[RECORDS FOR THIS TASK — start]
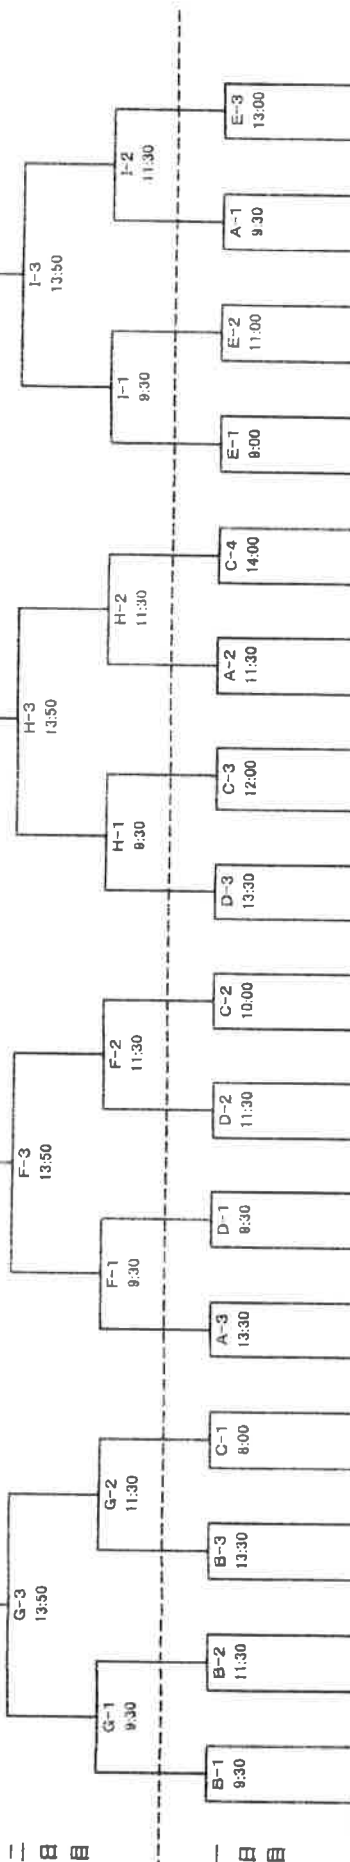

# 第19回 西宮フェニックスジュニア大会

## 優勝

- A. 津門中央公園野球場
- B. 西宮北高等学校
- C. 神戸国際大学付属高等学校
- D. 西宮甲山高等学校
- E. 新中島球場 (第2中島球場)
- F. 徳路球場 第1野球場
- G. 徳路球場 第2野球場
- H. 多目的1 (山側 野カ-球場)
- I. 多目的2 (山側 第一球場側)

三 日 目

二 日 目

一 日 目

1	オ	ー	ル	住	之	江	大阪第二									
2	枚	方	ヤ	ン	グ	ホ	ー	ク	ス	大阪第二						
3	兵	庫	加	古	川	兵庫西										
4	ヒ	ュ	ー	ル	ベ	ー	ス	ポ	ー	ル	ク	ラ	ブ	京	滋	
5	兵	庫	夢	前	ク	ラ	ブ	兵庫西								
6	ベ	ー	ス	ポ	ー	ル	・	ネ	ッ	ト	ワ	ー	ク	兵	庫	東
7	三	田	ヤ	ン	グ	兵庫東										
8	兵	庫	飾	磨	ク	ラ	ブ	兵庫西								
9	京	都	ブ	ラ	ッ	ク	ス	野	球	協	会	京	滋			
10	西	宮	フ	エ	ニ	ッ	ク	ス	兵庫東							
11	K	I	X	ベ	ー	ス	ポ	ー	ル	ク	ラ	ブ	・	2	1	大阪第一
12	湊	ク	ラ	ブ	兵庫西											
13	サ	ウ	ス	ウ	イ	ン	ド	大阪第一								
14	但	馬	ベ	ー	ス	ポ	ー	ル	ク	ラ	ブ	兵庫西				
15	姫	路	ア	イ	ア	ン	ズ	兵庫西								
16	全	播	磨	硬	式	野	球	団	兵庫西							
17	熊	野	ベ	ー	ス	ポ	ー	ル	ク	ラ	ブ	和	歌	山		
18	兵	庫	武	庫	フ	ア	イ	タ	ー	ズ	兵庫東					
19	大	阪	球	道	大阪第二											
20	ヤ	ン	グ	淡	路	兵庫東										
21	ヤ	ン	グ	ビ	ク	ト	リ	ー	奈良							
22	香	芝	ベ	ー	ス	ポ	ー	ル	ク	ラ	ブ	奈	良			
23	大	阪	狭	山	ヤ	ン	グ	大阪第一								
24	尼	崎	園	田	フ	レ	ン	ズ	兵庫東							
25	大	阪	ニ	ュ	ー	ヤ	ン	グ	大阪第二							
26	泉	大	津	ヤ	ン	グ	大阪第一									
27	京	相	楽	硬	式	野	球	ク	ラ	ブ	京	滋				
28	兵	庫	タ	イ	ガ	ー	ス	兵庫東								
29	全	丹	波	少	年	硬	式	野	球	協	会	京	滋			
30	神	戸	須	磨	ク	ラ	ブ	兵庫西								
31	兵	庫	伊	丹	兵庫東											
32	和	歌	山	ホ	ー	ク	ス	和	歌	山
[RECORDS FOR THIS TASK — finish]
Word for word, write out each line of the records, but leave the pictures behind.

● RESPONSE AREA:
# 第19回 西宮フェニックスジュニア大会

## 優勝

- A. 津門中央公園野球場
- B. 西宮北高等学校
- C. 神戸国際大学付属高等学校
- D. 西宮甲山高等学校
- E. 新中島球場 (第2中島球場)
- F. 徳路球場 第1野球場
- G. 徳路球場 第2野球場
- H. 多目的1 (山側 野カ-球場)
- I. 多目的2 (山側 第一球場側)

三 日 目

二 日 目

一 日 目

1	オ	ー	ル	住	之	江	大阪第二									
2	枚	方	ヤ	ン	グ	ホ	ー	ク	ス	大阪第二						
3	兵	庫	加	古	川	兵庫西										
4	ヒ	ュ	ー	ル	ベ	ー	ス	ポ	ー	ル	ク	ラ	ブ	京	滋	
5	兵	庫	夢	前	ク	ラ	ブ	兵庫西								
6	ベ	ー	ス	ポ	ー	ル	・	ネ	ッ	ト	ワ	ー	ク	兵	庫	東
7	三	田	ヤ	ン	グ	兵庫東										
8	兵	庫	飾	磨	ク	ラ	ブ	兵庫西								
9	京	都	ブ	ラ	ッ	ク	ス	野	球	協	会	京	滋			
10	西	宮	フ	エ	ニ	ッ	ク	ス	兵庫東							
11	K	I	X	ベ	ー	ス	ポ	ー	ル	ク	ラ	ブ	・	2	1	大阪第一
12	湊	ク	ラ	ブ	兵庫西											
13	サ	ウ	ス	ウ	イ	ン	ド	大阪第一								
14	但	馬	ベ	ー	ス	ポ	ー	ル	ク	ラ	ブ	兵庫西				
15	姫	路	ア	イ	ア	ン	ズ	兵庫西								
16	全	播	磨	硬	式	野	球	団	兵庫西							
17	熊	野	ベ	ー	ス	ポ	ー	ル	ク	ラ	ブ	和	歌	山		
18	兵	庫	武	庫	フ	ア	イ	タ	ー	ズ	兵庫東					
19	大	阪	球	道	大阪第二											
20	ヤ	ン	グ	淡	路	兵庫東										
21	ヤ	ン	グ	ビ	ク	ト	リ	ー	奈良							
22	香	芝	ベ	ー	ス	ポ	ー	ル	ク	ラ	ブ	奈	良			
23	大	阪	狭	山	ヤ	ン	グ	大阪第一								
24	尼	崎	園	田	フ	レ	ン	ズ	兵庫東							
25	大	阪	ニ	ュ	ー	ヤ	ン	グ	大阪第二							
26	泉	大	津	ヤ	ン	グ	大阪第一									
27	京	相	楽	硬	式	野	球	ク	ラ	ブ	京	滋				
28	兵	庫	タ	イ	ガ	ー	ス	兵庫東								
29	全	丹	波	少	年	硬	式	野	球	協	会	京	滋			
30	神	戸	須	磨	ク	ラ	ブ	兵庫西								
31	兵	庫	伊	丹	兵庫東											
32	和	歌	山	ホ	ー	ク	ス	和	歌	山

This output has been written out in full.